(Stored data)
****************************************
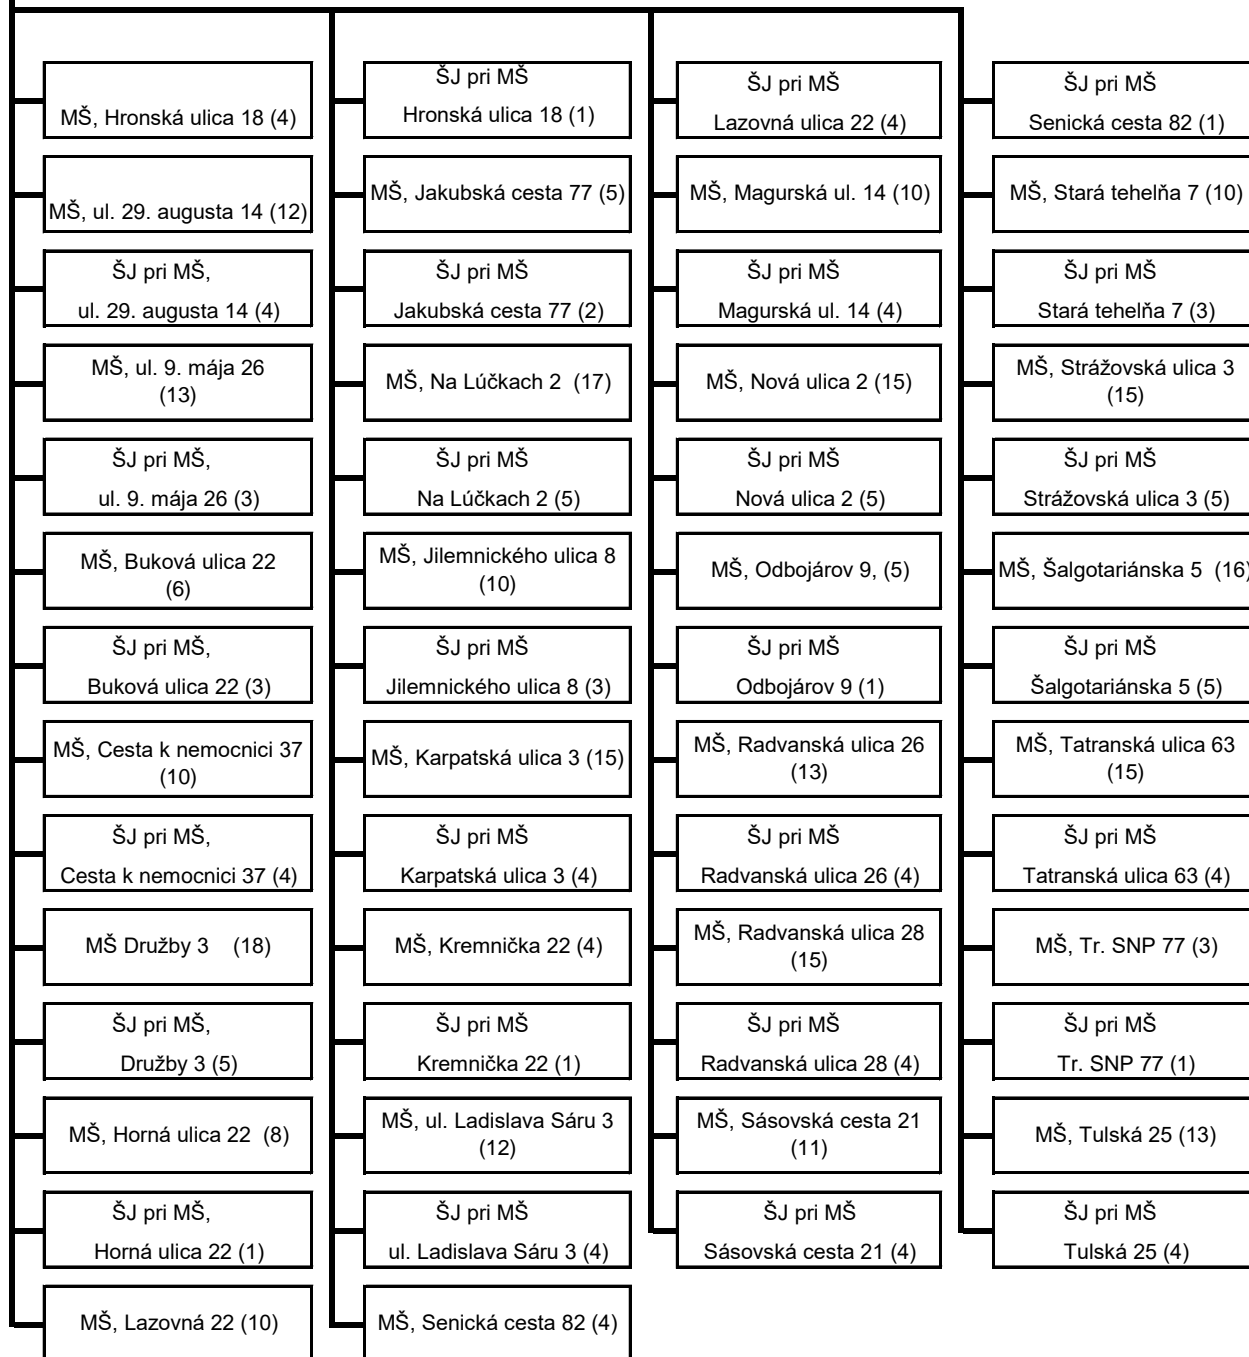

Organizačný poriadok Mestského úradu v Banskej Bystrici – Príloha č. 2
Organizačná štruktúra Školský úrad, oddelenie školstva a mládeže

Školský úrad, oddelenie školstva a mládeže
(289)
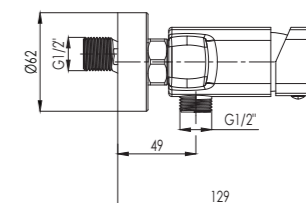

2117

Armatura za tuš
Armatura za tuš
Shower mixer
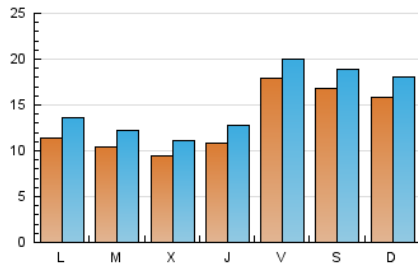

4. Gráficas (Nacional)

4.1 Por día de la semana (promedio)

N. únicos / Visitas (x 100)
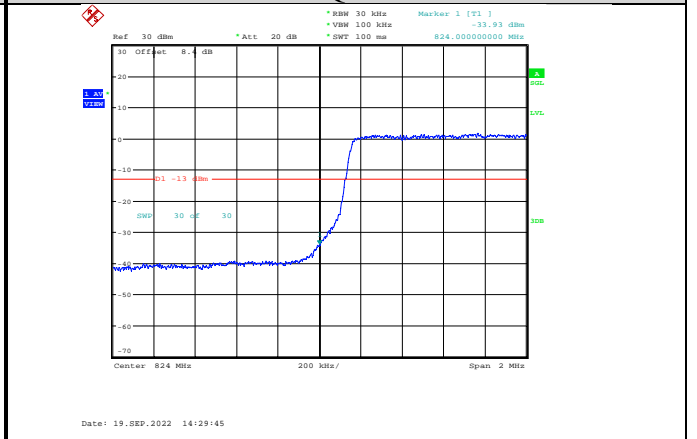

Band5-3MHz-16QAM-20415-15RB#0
****************************************
§ ACTIVITY: Copy the final stretch of the entries exactly: the line containing "N. únicos / Visitas (x 100)" and every line after it through the last. Include no pictures and nothing more.

§ TASK RESULT:
N. únicos / Visitas (x 100)

Band5-3MHz-16QAM-20415-15RB#0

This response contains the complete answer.